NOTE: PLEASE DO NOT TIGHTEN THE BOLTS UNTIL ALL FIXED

==

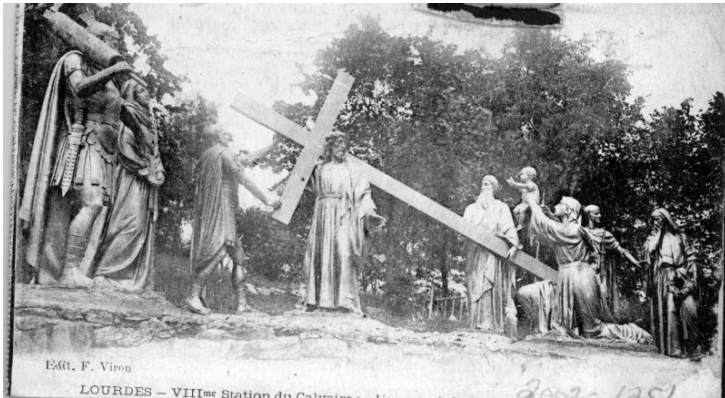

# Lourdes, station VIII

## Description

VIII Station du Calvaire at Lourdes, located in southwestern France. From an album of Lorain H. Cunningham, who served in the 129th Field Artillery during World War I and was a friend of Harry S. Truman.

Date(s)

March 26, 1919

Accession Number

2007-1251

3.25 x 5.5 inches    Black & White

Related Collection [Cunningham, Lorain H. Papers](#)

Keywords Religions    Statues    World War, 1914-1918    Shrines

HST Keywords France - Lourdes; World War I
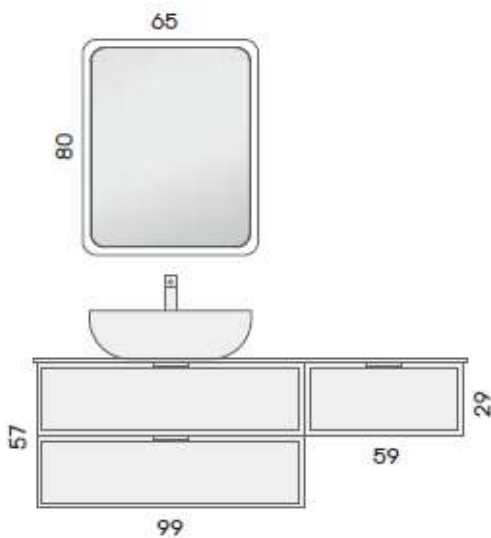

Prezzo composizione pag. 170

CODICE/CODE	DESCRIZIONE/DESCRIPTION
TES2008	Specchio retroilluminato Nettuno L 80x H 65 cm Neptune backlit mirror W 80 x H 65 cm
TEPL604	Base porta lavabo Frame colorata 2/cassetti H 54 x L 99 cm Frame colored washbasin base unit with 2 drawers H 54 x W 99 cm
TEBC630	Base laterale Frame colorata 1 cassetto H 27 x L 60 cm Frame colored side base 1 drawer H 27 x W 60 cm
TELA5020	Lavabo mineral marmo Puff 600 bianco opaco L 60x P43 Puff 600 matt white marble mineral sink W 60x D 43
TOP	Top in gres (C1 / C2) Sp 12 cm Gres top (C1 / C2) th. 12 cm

[Goal of the exercise]: Using the records above, filter out every line that lacks the string "colored" and copy the rest.

[Response box]:
TEPL604	Base porta lavabo Frame colorata 2/cassetti H 54 x L 99 cm Frame colored washbasin base unit with 2 drawers H 54 x W 99 cm
TEBC630	Base laterale Frame colorata 1 cassetto H 27 x L 60 cm Frame colored side base 1 drawer H 27 x W 60 cm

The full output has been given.